Records drawn from a dataset
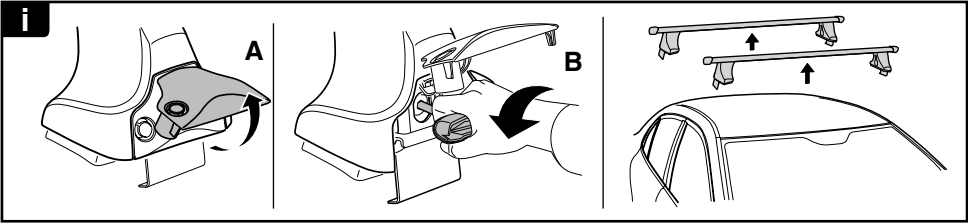

中文 交替拧紧

한국어 번갈아 가며 조이십시오.

日本語 交互に締め付けてください。

ไทย ชันในแบบสลับ

≈ 3 Nm

8

x1
17 mm

THULE
SWEDEN
**ONE
KEY
SYSTEM**
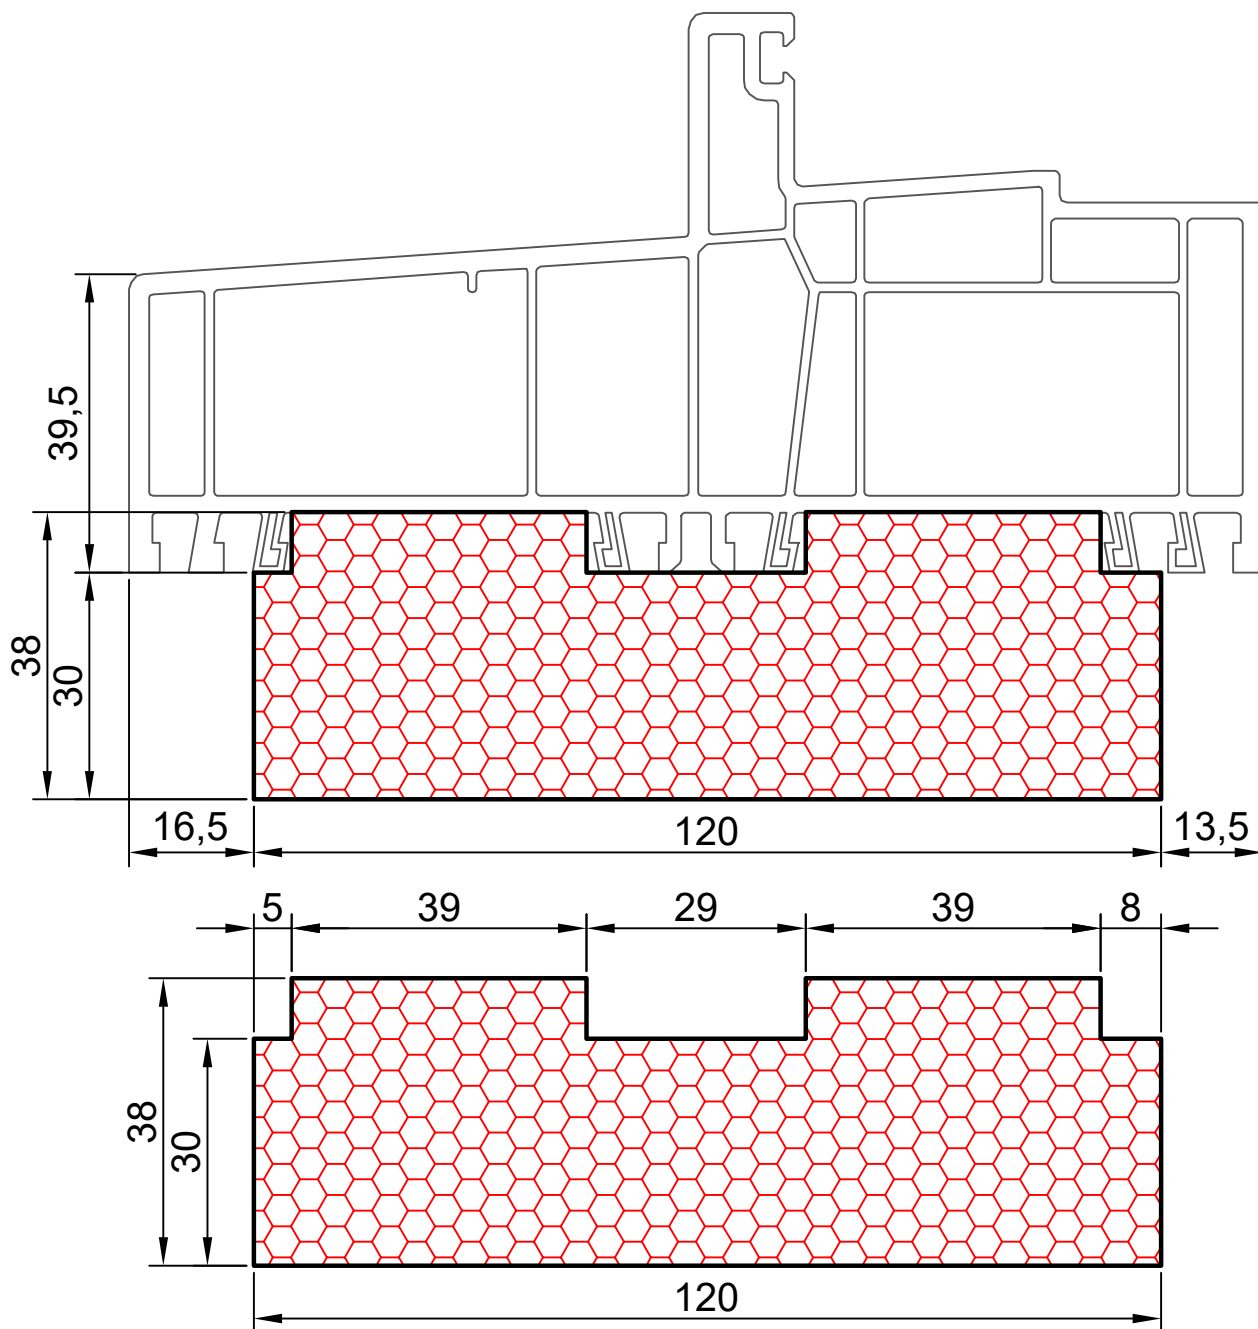

COMPACFOAM

ДЛЯ ПРОФИЛЕЙ ИЗ ПВХ

GEALAN SMOOVIO M 1:1

ВАШ
КОНТАКТ
С НАМИ

COMPACFOAM ГмбХ
Россельштрассе 7 – 11
Волькерсдорф-им-Вайнфиртель
А-2120, АВСТРИЯ
Тел. +43 (0)2245 / 20 8 02
Факс +43 (0)2245 / 20 8 02 329

COMPACFOAM Россия
ООО «СДМ-ХИМИЯ»
111024 Москва
ул. Боровая, дом 3, стр. 13
Тел.: +7 985 969 9262
info@compacfoam.ru

5.05

[TASK GOAL] Each line from the line containing "한국어 번갈아 가며 조이십시오." through the final line of the data above must be retyped exactly; nothing else, and no pictures, may appear.

[OUTPUT]
한국어 번갈아 가며 조이십시오.

日本語 交互に締め付けてください。

ไทย ชันในแบบสลับ

≈ 3 Nm

8

x1
17 mm

THULE
SWEDEN
**ONE
KEY
SYSTEM**

COMPACFOAM

ДЛЯ ПРОФИЛЕЙ ИЗ ПВХ

GEALAN SMOOVIO M 1:1

ВАШ
КОНТАКТ
С НАМИ

COMPACFOAM ГмбХ
Россельштрассе 7 – 11
Волькерсдорф-им-Вайнфиртель
А-2120, АВСТРИЯ
Тел. +43 (0)2245 / 20 8 02
Факс +43 (0)2245 / 20 8 02 329

COMPACFOAM Россия
ООО «СДМ-ХИМИЯ»
111024 Москва
ул. Боровая, дом 3, стр. 13
Тел.: +7 985 969 9262
info@compacfoam.ru

5.05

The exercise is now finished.